En ese instante Catherine fue arrastrada hasta un salón donde había más gente amordazada y con los ojos tapados . Todos estaban heridos y en un aspecto lamentable quedando al borde de la muerte algunos de ellos. Una persona más entró en aquel salón y se puso a observar a las demás personas levantando la cabeza y mirando el estado en el que estaban.

—Hay que empezar en breve a estos cuerpos no les queda mucho y ya son demasiados días aquí. La próxima vez los mantienes en mejor estado porque si no no nos serviran—

Peter condujo hasta la casa de su abuela donde dejó el coche aparcado al lado del porche.

Subió a su habitación agarró una mochila y camino hacia el instituto a paso tranquilo y observando el reloj cada pocos minutos. Como había hecho otras tantas veces, atajó por caminos evitando calle residenciales, o pasar por zonas pobladas. Caminó durante varios kilómetros hasta que se detuvo, intuyendo que algo no iba bien.

Abrió su WhatsApp y leeyo un mensaje que tenía sin leer.

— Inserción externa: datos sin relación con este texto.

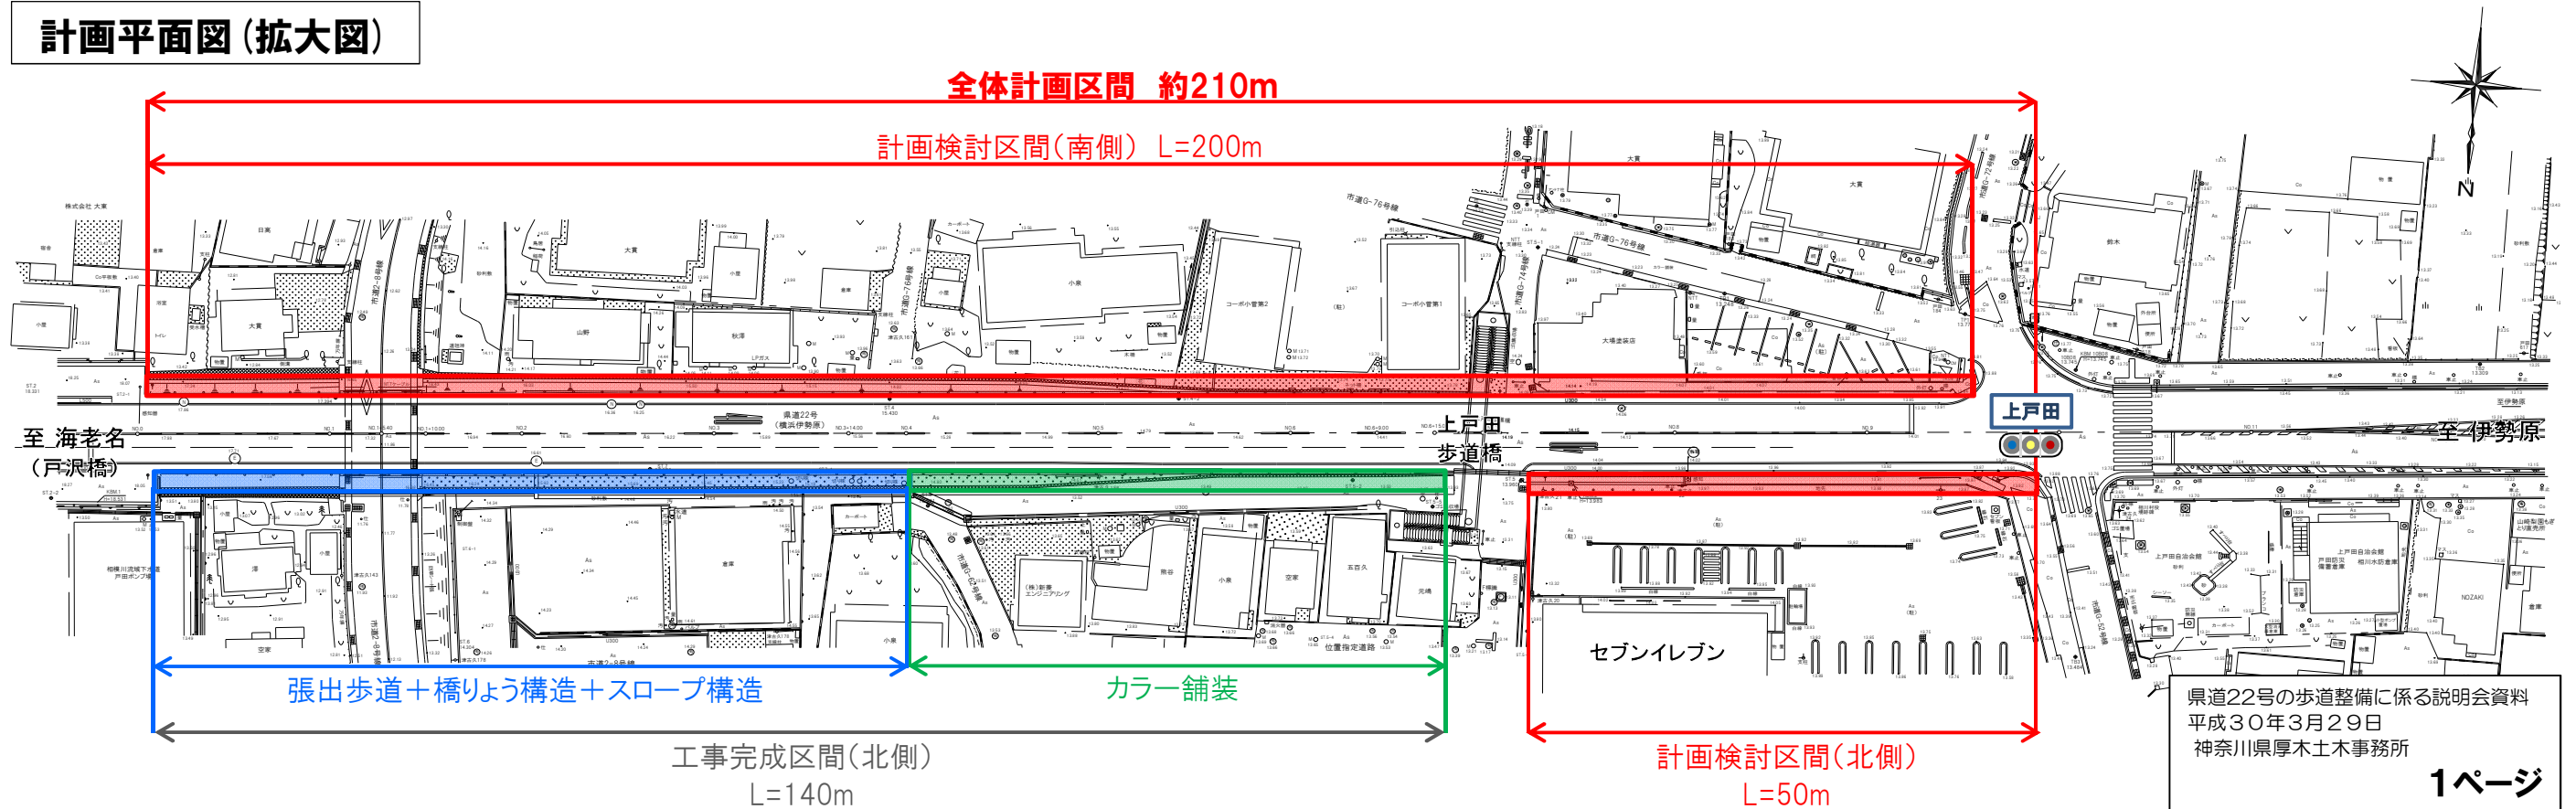

県道22号(横浜伊勢原)厚木市戸田 歩道整備事業の概要

位置図

計画平面図(拡大図)

県道22号の歩道整備に係る説明会資料
平成30年3月29日
神奈川県厚木土木事務所

現況写真

伊勢原側(上戸田歩道橋上)から海老名側(戸沢橋方向)を望む

海老名側(上戸田歩道橋上)から伊勢原側(戸田交差点方向)を望む

伊勢原側から海老名側(戸沢橋方向)を望む(南側)

戸沢橋西交差点から伊勢原側を望む

上戸田交差点から海老名側(戸沢橋方面)を望む

伊勢原側(上戸田歩道橋下)から海老名側(戸沢橋方面)を望む(南)

写真撮影位置図
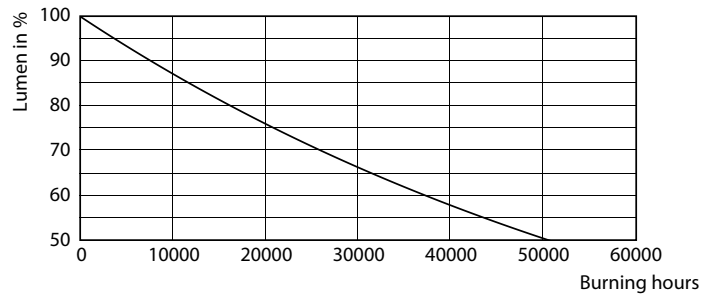

Datos del producto

Funcionamiento de emergencia	
Tapa y base	GU10 [GU10]
Cumple con el reglamento RoHS de la UE	Sí
Vida útil nominal (nominal)	25000 h
Ciclo de alternado	50000X
Tipo técnico	4-50W
Rendimiento inicial (conforme con IEC)	
Código de color	865 [CCT de 6.500 K]
Ángulo de haz (nominal)	36 °
Flujo luminoso (nominal)	350 lm
Intensidad lumínica (nominal)	540 cd
Designación de color	Luz de día fría
Temperatura de color correlacionada (nominal)	6500 K
Eficacia lumínica (promedio) (nominal)	87,00 lm/W
Consistencia de color	<6
Índice de reproducción de color (Nom)	80
LLMF al final de la vida útil nominal (nominal)	70 %

Datos fotométricos

LEDspots CLA 4W PAR16 GU10 865 36D

LEDspots CLA 4W PAR16 GU10 865 36D

LEDspots CLA 4W PAR16 GU10 827 36D

Dicroica LED GU10 Essential

Vida útil

LEDspots LED 25K

LEDspots LMP 25K
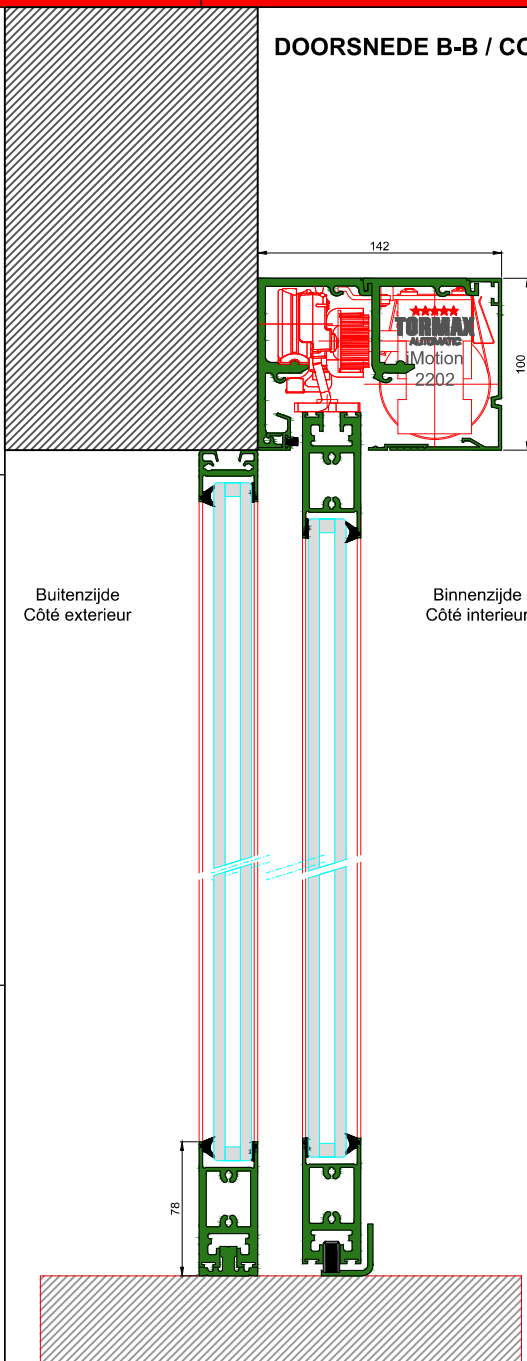

AUTOMATISCHE SCHUIFDEUR

Type: iMotion 2202 LR22-EB-2

PORTE COULISSANTE AUTOMATIQUE

Variante

Met draagbalk
Avec poutre
auto-portante

Op de muur
Sur le mur

DOORSNEDE B-B / COUPE B-B

BINNENAANZICHT / VUE INTERIEURE

DOORSNEDE A-A / COUPE A-A

LR22-EB-2
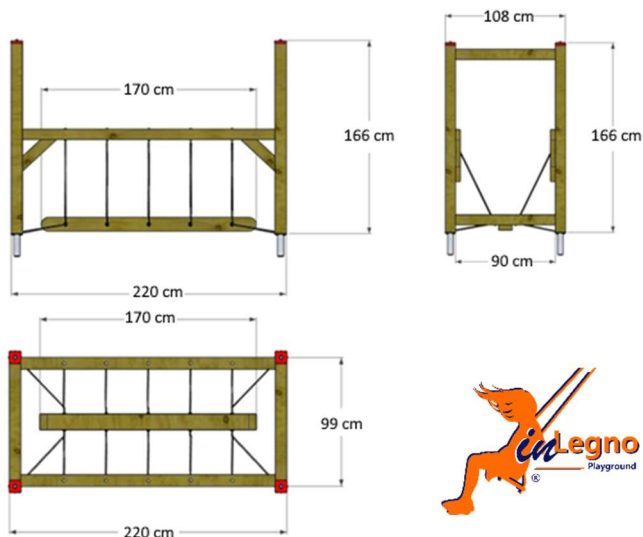

GIOCO GATE DI EQUILIBRIO SU TRAVE CENTRALE SINGOLA SOSPESA E SORRETTA DA CATENE PERIMETRALI GALVANIZZATE.
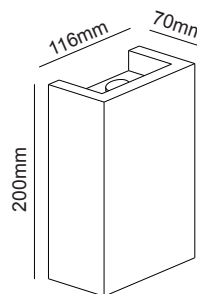

Επίτοιχο φωτιστικό
Wall luminaire **BLOCK**

IP20

230V
1xG9 max 40W

Γύψος
Gypsum
Sádra
Гипс
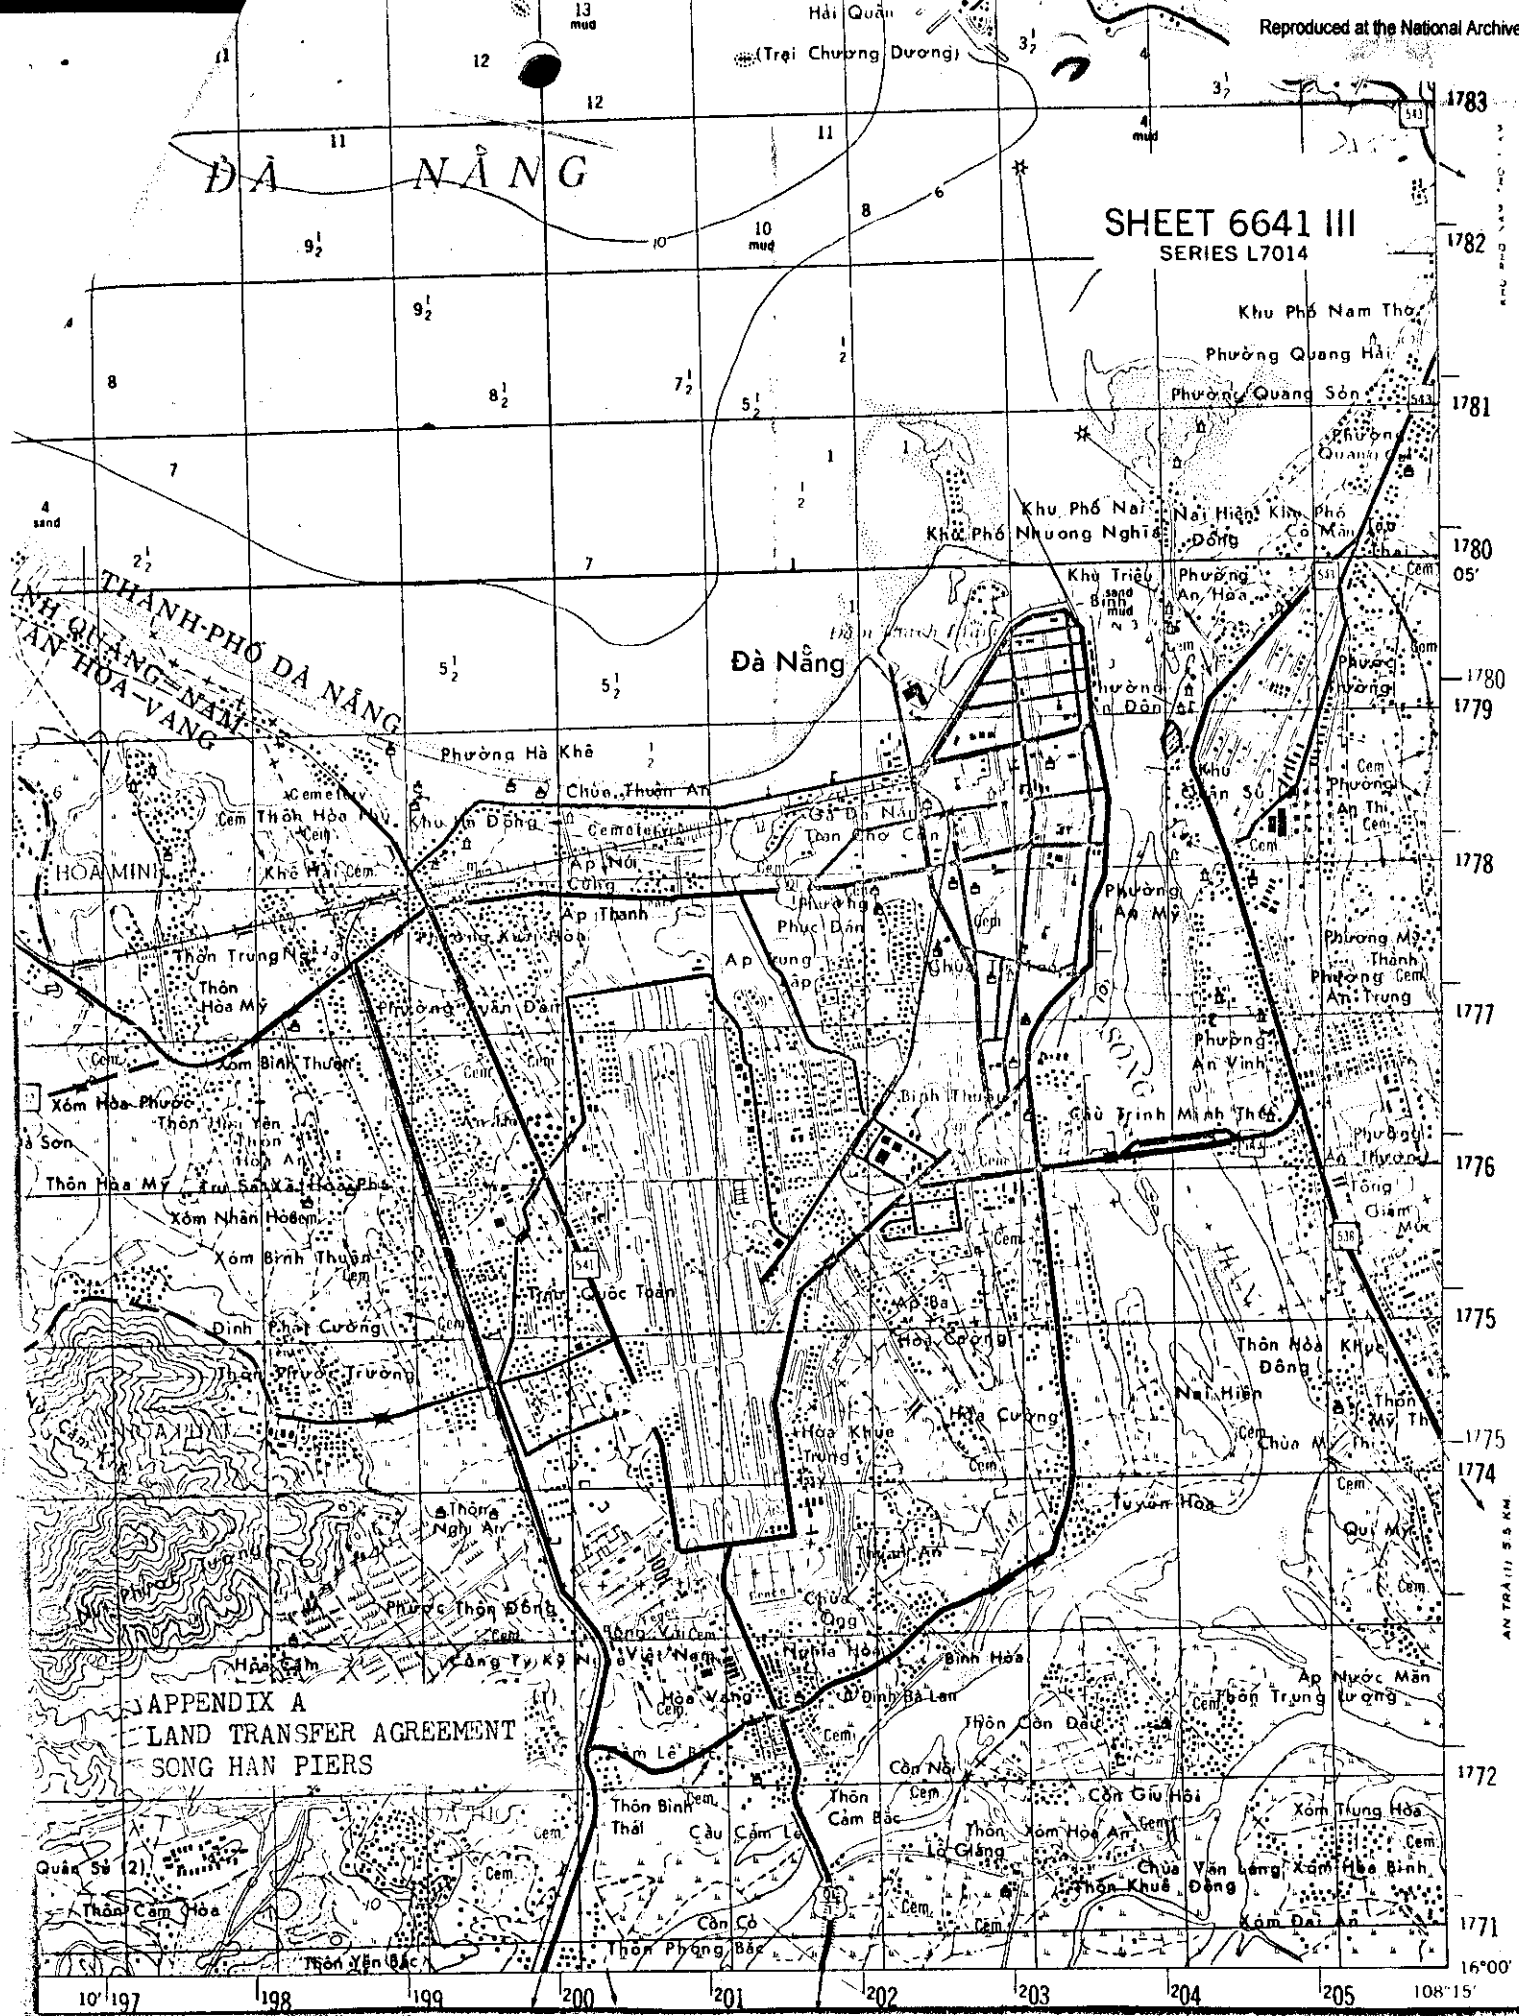

ĐÀ NẴNG

SHEET 6641 III
SERIES L7014

THÀNH-PHỐ ĐÀ NẴNG
 KHU QUANG-NAM
 KHU AN-HÒA-VANG

APPENDIX A
 LAND TRANSFER AGREEMENT
 SONG HAN PIERS

AN TRÁ III, 55 KM

10 197 198 199 200 201 202 203 204 205 108°15'

16°00'

Tienes que estar aquí en 20 minutos. O llegas antes de esa hora o tus sueños se habrán esfumado .—

Peter aceleró el paso cuando recibió otra llamada justo a continuación.

—Necesitamos esa mochila. Date prisa de una puñetera vez. Tengo aquí al tipo y se tiene que ir antes de que de que comience todo—

Peter comenzó a correr cuando una persona se interpuso en su camino tirándola contra el suelo.

Peter se giró y antes de que si quisiera dar cuenta una persona la agarró del cuello, y la inmovilizó en pocos segundos. Colocó su pierna por detrás de la suya y la acercó a la rodilla.

—Un golpe en seco y te parto la rodilla. ¿Quién va a querer un jugador con la rodilla rota por varias partes?.—

—¿Quién eres ?—preguntó Peter asustado.

—Qué más da quien sea. Lo que me tienes que decir tú ,es si quieres que te rompa la rodilla o no. Ahora si quieres que te la rompa ahora mismo , no respondas . Por el contrario si colaboras podrás jugar al fútbol durante muchos mucho tiempo—

Peter respondió de inmediato.

—Vale colaboraré pero no me hagas nada—

—Llévame donde está Catherine— dijo el hombre, apretándolo de las muñecas.

Peter no respondió , hasta que noto un chasquido en la muñeca.

—Primer aviso—

—Yo no sé dónde está Catherine ni sé quién es—dijo Peter en una posición muy incómoda.

El joven resopló mientras observaba los gestos de Peter. Tras unos segundos donde miró fijamente a los ojos acercó su mano a la rodilla y le dio un golpe seco bastante flojito lo suficiente como para provocar un dolor intensivo.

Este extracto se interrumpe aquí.